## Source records
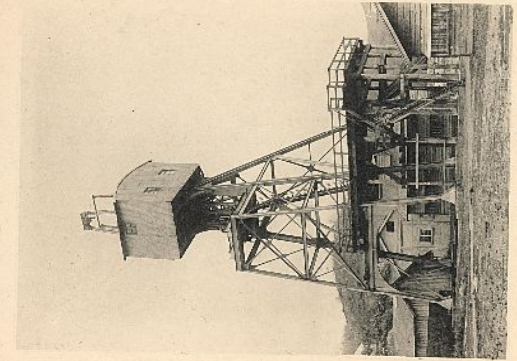

海島亭

景全院齋

水塔

(松本日京車) 景全館本井三

(開本口) 阿

館興互

谷合一第

所業織川砂井三  
帖 眞 寫
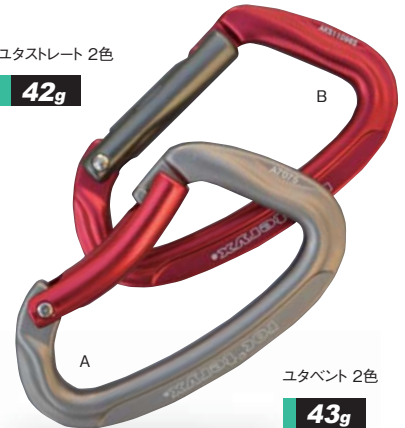

AMG12094BGCB

ベントライトCB(2色).....¥945(本体¥900)

- タテ長/95mm ●強度/24-8-8(KN) ●重さ/40g
- カラー/ボディ:Aグレー、Bレッド、ゲート部:シルバー

ワイヤーライトCB 2色

34g

ストレートライト 2色

40g

ベントライト 2色

40g

ワイヤーライト

34g

AMG12094W

ワイヤーライト.....¥777(本体¥740)

- タテ長/95mm ●強度/24-8-8(KN) ●重さ/34g
- カラー/シルバー

AMG12094WGCB

ワイヤーライトCB(2色).....¥798(本体¥760)

- タテ長/95mm ●強度/24-8-8(KN) ●重さ/34g
- カラー/Aグレー、Bレッド

Utah Series ユタシリーズ タテ長 97mm

ユタストレート 2色

42g

ユタベント 2色

43g

AKS11096

ユタストレート(2色).....¥987(本体¥940)

ボディフレームが外側へカーブしているためゲートが大きく開く。

- タテ長/97mm ●強度/24-8-8(KN) ●重さ/42g
- カラー/Aグレー(レッドゲート)、Bレッド(グレーゲート)

AKSBT11096

ユタベント(2色).....¥987(本体¥940)

ゲートが大きく開閉する。

- タテ長/97mm ●強度/24-8-8(KN) ●重さ/43g
- カラー/Aグレー(レッドゲート)、Bレッド(グレーゲート)
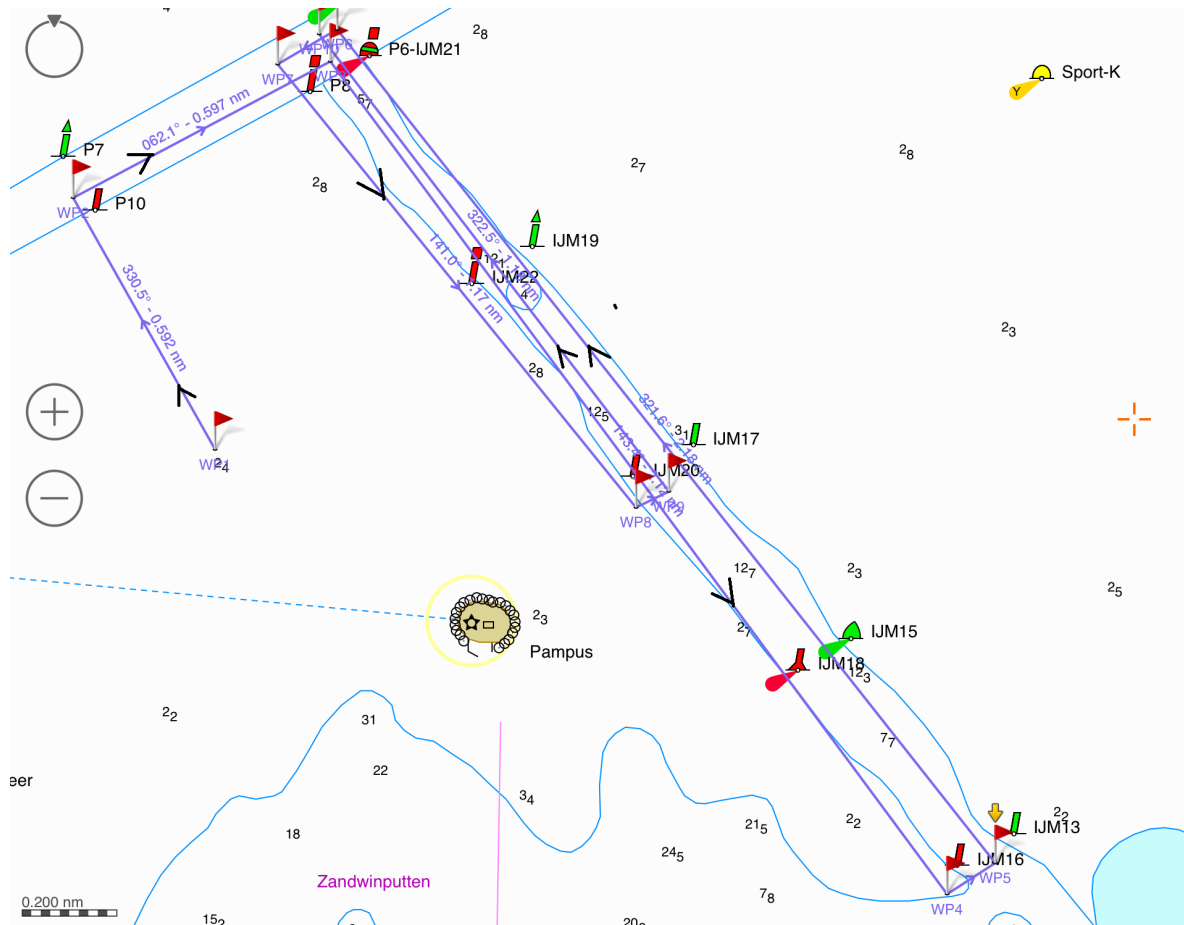

Baan 9 ORC Lang

Baan: 9 ORC start : S2 LANG

Boei	BB/SB	koers	Nm
P10	SB	330	0,6
P8	SB	060	0,6
YM16	BB	142	2,1
P8	BB	322	2,1
YM20	BB	142	1,1
P8	BB	322	1,1
S2	Finish		

NB

- Rode vlaggen zijn trackmarkeringen, geen boeien!
- Richtingen en afstanden zijn niet exact maar slechts indicatie
- Kaart is slechts indicatie van de route, hier kunnen geen rechten aan ontleend worden
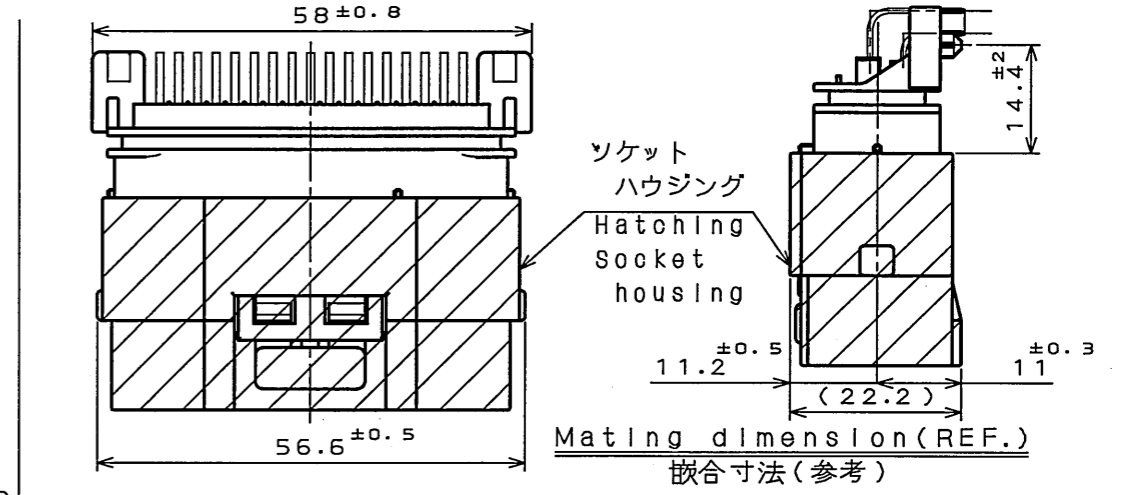

DETAIL C (SCALE 5:1) DETAIL D (SCALE 5:1)

社標、キャビマーク刻印
キャビマークは金型キャビ毎に A,B,C...の順に刻印する。
Raised company logo and cavity mark. Cavity mark appears in alphabetical order.

ソケットハウジング側ケーブル φ2.3まで使用可能位置
Cable for socket housing Can be use φ2.3 MAX.
無印箇所 ソケットハウジング側ケーブル φ1.9まで使用可能位置
Unmarked area, Capable of φ1.9(Max) cable for socket housing.
Applicable cable size for socket housing
ソケットハウジング側適用ケーブル径

DOF-0-212E(03.08)

符号 NO.	名称 DESCRIPTION	個数 QTY.	材料 MATERIAL	仕上 FINISH	備考 REMARKS
3	Pin contact 2	17	Brass	Tin plate	
2	Pin contact 1	17	Brass	Tin plate	
1	Pin insulator	1	30%GF PBT	Color:Black	

仕様書 (SPECIFICATION)	第1版 (ORIGINAL DATE)	尺度 (SCALE)	シリーズ (SERIES)
JACS-172B	21.Nov.2002	1:1	MX23A
一般公差 (GENERAL TOLERANCE)	製図 DR.	名称 (TITLE)	
寸法 (DIMENSION)	担当 CHK.	MX23A34NF1	
角度 (ANGLES)	査閲 APPD.	MX23A	
. ±0.8	承認 APPD.	34 CONDUCTORS	
.X ±0.4	承認 APPD.	STANDARD	
.XX ±0.1		PIN HEADER	
.XXX ±		質量 (MASS)	
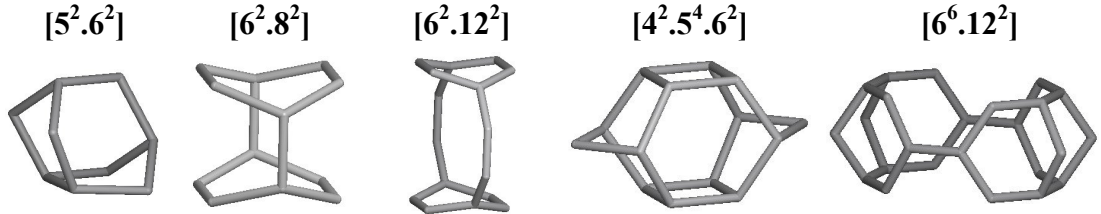

TILES

Face symbol:

V, E, F:

(9, 11, 4)      (12, 14, 4)      (16, 18, 4)      (14, 20, 8)      (24, 30, 8)

Symmetry:

*..m*      *mmm, mmm*      *mmm*      *m2m*      *mmm*

Wyckoff:

*8p*      *2a, 2d*      *2c*      *4j*      *2b*

## WHAT THE TASK ASKS
Every line of the records above where the string "Aグレー" is found should be copied.

## WRITTEN SOLUTION
- カラー/ボディ:Aグレー、Bレッド、ゲート部:シルバー
- カラー/Aグレー、Bレッド
- カラー/Aグレー(レッドゲート)、Bレッド(グレーゲート)
- カラー/Aグレー(レッドゲート)、Bレッド(グレーゲート)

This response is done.